**WHAT YOU ARE ASKED TO DO**. Below are the records; copy out every line that holds the word "Satin".

---

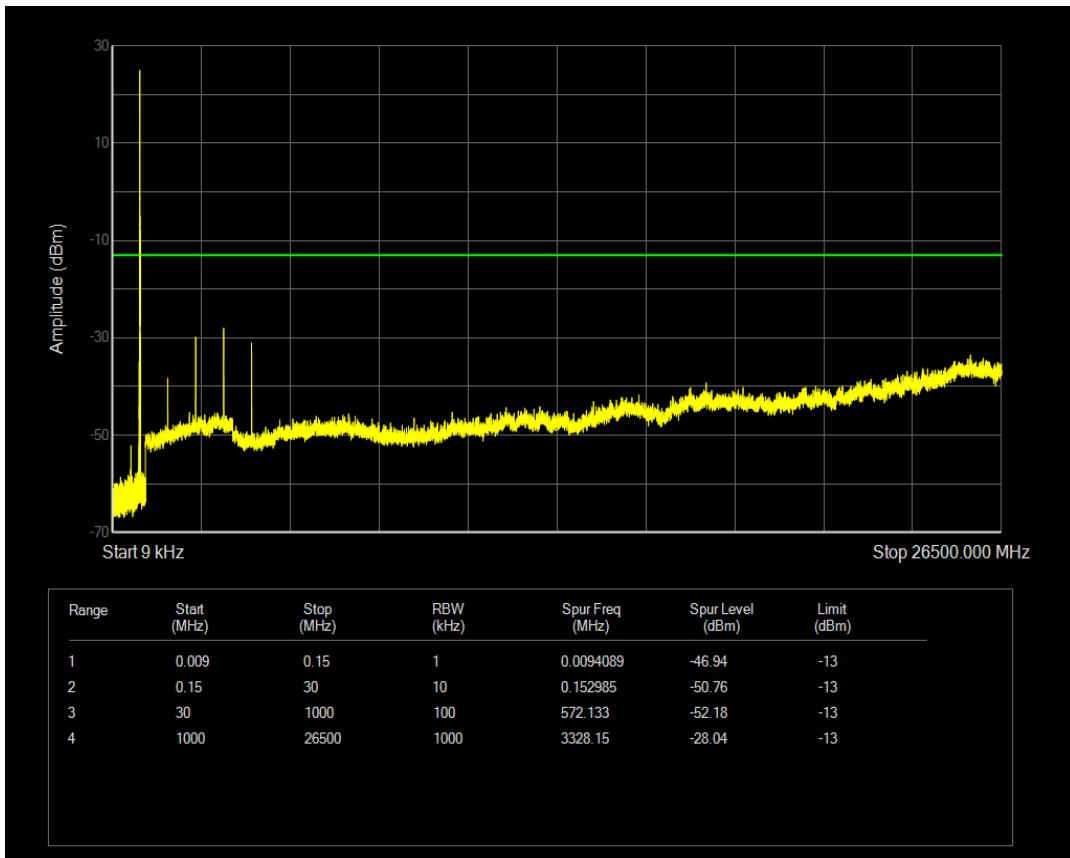

Band5 QPSK BW=10MHz Channel=20450 RB Size=1 Position=#0

Band5 QPSK BW=10MHz Channel=20450 RB Size=50 Position=#0

Band5 16QAM BW=10MHz Channel=20450 RB Size=1 Position=#0

Band5 16QAM BW=10MHz Channel=20450 RB Size=50 Position=#0

Band5 QPSK BW=10MHz Channel=20525 RB Size=1 Position=#0

Band5 QPSK BW=10MHz Channel=20525 RB Size=50 Position=#0

Band5 16QAM BW=10MHz Channel=20525 RB Size=1 Position=#0

Band5 16QAM BW=10MHz Channel=20525 RB Size=50 Position=#0
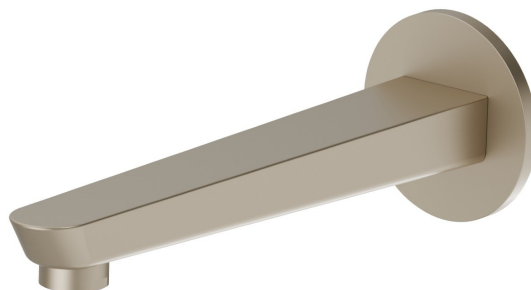

O'RAMA

68488.M0.071

Bocca di erogazione a parete per gruppo vasca con attacco da 1/2" - finitura Gold Satin

L=230 mm. Ø70

CARATTERISTICHE

Materiale

Ottone

Installazione

A parete

DISEGNO TECNICO

O'RAMA

68488.M0.071

Bocca di erogazione a parete per gruppo vasca con attacco da 1/2" - finitura Gold Satin

FINITURE DISPONIBILI

 **M0.071**
Gold Satin

 **01.093**
finitura Nero opaco

 **21.018**
finitura Cromo

 **61.020**
finitura PVD Glossy Gold

 **M0.070**
finitura Titanium Satin

 **M0.072**
finitura Copper Satin

 **M0.075**
finitura Copper Glossy

---

**SOLUTION FOR THIS PROBLEM**.
Bocca di erogazione a parete per gruppo vasca con attacco da 1/2" - finitura Gold Satin
Bocca di erogazione a parete per gruppo vasca con attacco da 1/2" - finitura Gold Satin
Gold Satin
finitura Titanium Satin
finitura Copper Satin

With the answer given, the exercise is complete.